Those of you who read the first Phonogram trade and missed those thoroughly despicable yet compelling characters in the series’ second incarnation will be thrilled to know that “We Share Our Mother’s Health” is indeed the story of Emily Aster. A story of Emily Aster, really, because Emily strikes me as a woman with many, many stories. It’s part of her charm, if charm was something that she could be bothered to have.
I relate to her, though she’s nasty and frightened and working as hard as she can to keep up with something shallow and silly to leave behind the person she was, the person who hurt. I want to know just how Kieron Gillen and Jamie McKelvie got into the head of a woman stuck trying to stay as pretty as the pretty young things around her, clinging to a rock’n'roll youth that she’s losing fast because she cannot relate to the adult world she’s supposed to be part of.
(Read on.)
The comic starts with pieces of Emily on a blank background, devoid of context, reduced to parts—the way she sees herself, the way she likes herself. The rest of the story is Emily fighting to pull herself out of context, refusing her surroundings and her past.
David Kohl is the only one safe for Emily to be around, so naturally he’s here, but only to drag Emily out of her perfect world and into a messy one where people recognize her and where she recognizes herself in the haircuts and hip ensembles around her, in the music she pretends she doesn’t like anymore. Where Penny, in Phonogram 2.1, danced and you could feel the motion in each panel, Emily and David string together poses and pretend they’re not looking to see who’s looking at them.
Emily successfully deflates a few attempts to pin her past on her, but she can’t escape her old self completely, seeing everything she hates about herself in the mirror and taking it out on a poor girl who happens to recognize that girl. Pages of what are essentially talking heads hold interest through slight shifts in perspective, both in pictures and in the dialogue, as the violent words spill from Emily’s perfectly glossed lips hit like be-ringed fists.
To save herself from having to face the past, she has to find a way out of the present, without strings attached. It doesn’t take her long to get what she wants, yet there’s no real desire in her other than a desire to keep defining her identity, both with newer and better pop songs and with every step she puts between herself and the old her. A moment that should be imbued with passion, in the last panel, is instead soulless, empty–and an image that will haunt you long after you close the book.
Phonogram 2.1 was about the magic of dancing and the salvation of the right song, but 2.2 and 2.3 are both, in their ways, about the hell the wrong song can put you through. Emily’s story is about defining yourself by music and then doing your best to get rid of that definition–but the music never really goes away. It shows up when you least expect it, and you catch yourself dancing and singing along.
Emily’s so self-absorbed that even the B-sides in her book couldn’t really be about anyone but her, so she quietly steals both the re-telling, in short, hilarious form, of the story of Phonogram: Rue Britannia in Leigh Gallagher’s hand, and the experience of poor Indie Dave when he finds out who was allowed to cover his precious Joy Division.

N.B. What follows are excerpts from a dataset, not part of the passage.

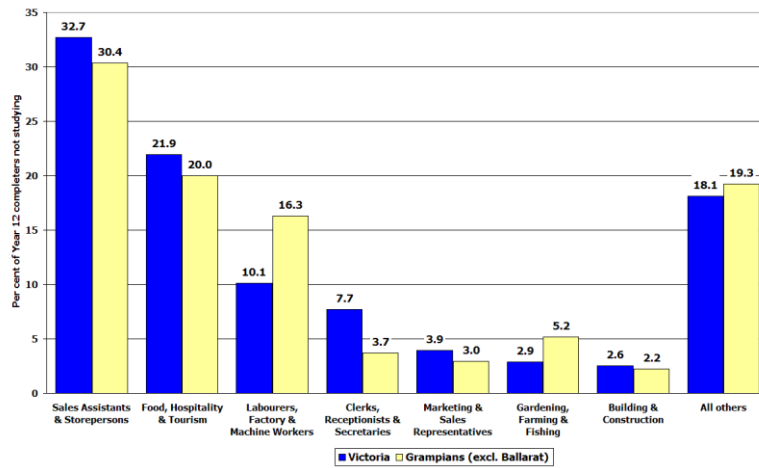

DEECD
The 2008
On Track Survey

Grampians Region
Horsham

Australian Council for Educational Research

**Destinations of early school leavers,
Wimmera Southern Mallee LLEN**

Destinations of Year 12 completers, Wimmera Southern Mallee LLEN

44

Occupations of Year 12 completers not studying

13

Reasons for deferring study among Year 12 completers (multiple responses allowed)

8

Year 12 completers who defer: destinations in 2008

7

Destinations of Year 12 or equivalent completers

In the end, I’m glad I’m not Emily Aster, glad I don’t have to be cruel to myself in the form of every girl who crosses my path just to maintain distance from a past I’m scared will catch up to me. And yet I’ve got enough of her inside me to feel for her even though it’s the last thing she wants. Some readers won’t like this issue, won’t be cruel enough to enjoy watching people get hurt and won’t want to admit that they’ve got some of Emily inside them, too.
But we all do.
Phonogram hits the better comic shops this Wednesday.